Pencemaran tidak hanya dapat terjadi pada air dan udara, namun juga pada tanah. Keberadaan limbah rumah tangga, industri, serta penggunaan pestisida yang berlebihan ikut mempengaruhi struktur tanah dan tanaman yang tumbuh di atasnya.
Limbah terbagi menjadi dua, yaitu yang diakibatkan dari kumpulan sampah organik serta anorganik. Meski sampah organik seperti bagian tumbuhan, hewan, dan kertas dapat diuraikan oleh mikroorganisme tanah (dekomposer), namun bila jumlahnya terlalu banyak, maka tetap saja dapat mempengaruhi kualitas tanah.
Sebagai contoh, di wilayah Desa Kupuk, Kecamatan Bungkal, Jawa Timur, terdapat area yang dijadikan tempat pembuangan limbah jamu oleh warga sekitar.
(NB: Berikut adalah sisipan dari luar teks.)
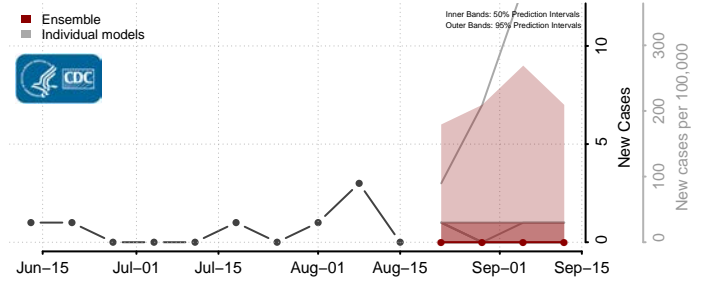

Jackson County, South Dakota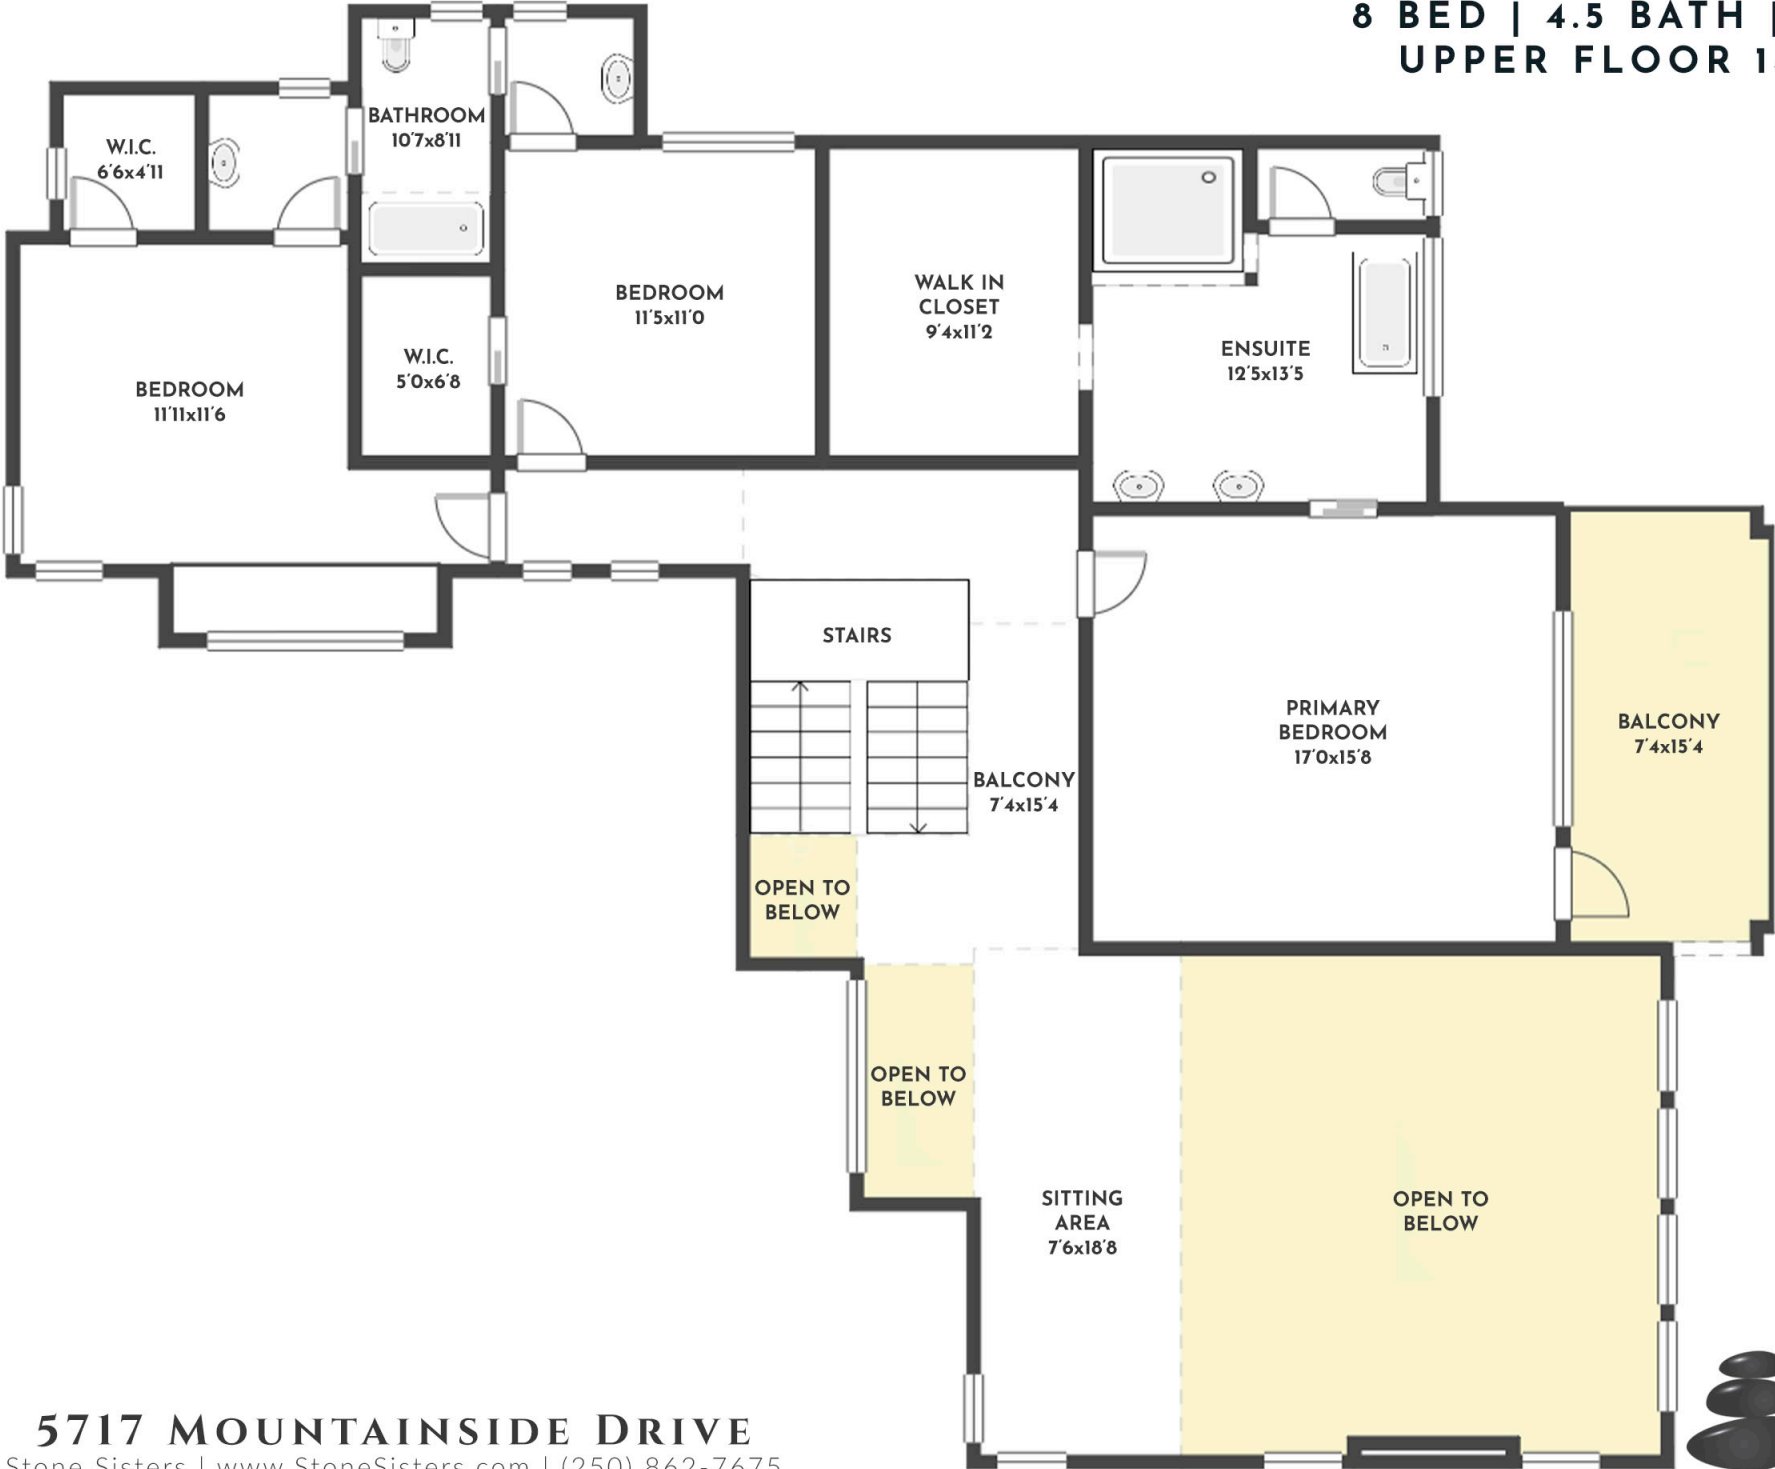

8 BED | 4.5 BATH | 5319 SQ.FT
UPPER FLOOR 1450 SQ.FT

5717 MOUNTAINSIDE DRIVE

Stone Sisters | www.StoneSisters.com | (250) 862-7675

Tan & grey regions are excluded from the total floor area. All room dimensions and floor areas must be considered approximate and are subject to independent verification. Dimensions are taken from interior laser measurements.

8 BED | 4.5 BATH | 5319 SQ.FT
MAIN FLOOR 1585 SQ.FT
GARAGE 970 SQ.FT

5717 MOUNTAINSIDE DRIVE

Stone Sisters | www.StoneSisters.com | (250) 862-7675

Tan & grey regions are excluded from the total floor area. All room dimensions and floor areas must be considered approximate and are subject to independent verification. Dimensions are taken from interior laser measurements.

8 BED | 4.5 BATH | 5319 SQ.FT
LOWER FLOOR 1392 SQ.FT

5717 MOUNTAINSIDE DRIVE

Stone Sisters | www.StoneSisters.com | (250) 862-7675

Tan & grey regions are excluded from the total floor area. All room dimensions and floor areas must be considered approximate and are subject to independent verification. Dimensions are taken from interior laser measurements.

8 BED | 4.5 BATH | 5319 SQ.FT
LOWER FLOOR SUITE 892 SQ.FT

5717 MOUNTAINSIDE DRIVE

Stone Sisters | www.StoneSisters.com | (250) 862-7675

Tan & grey regions are excluded from the total floor area. All room dimensions and floor areas must be considered approximate and are subject to independent verification. Dimensions are taken from interior laser measurements.

Karena panas berlebih, maka memicu pembentukan api dari dalam tanah. Pestisida memiliki nama lain biosida, yaitu bahan kimia yang diciptakan untuk membunuh organisme. Penggunaan pestisida secara berlebihan tanpa perhitungan dan perencanaan yang baik tidak hanya sekadar berdampak pada pencemaran tanah, namun juga turut membunuh organisme nontarget, seperti cacing tanah dan dekomposer lainnya. Hal yang sama juga akan terjadi ketika limbah kimia dari industri merembes ke dalam tanah.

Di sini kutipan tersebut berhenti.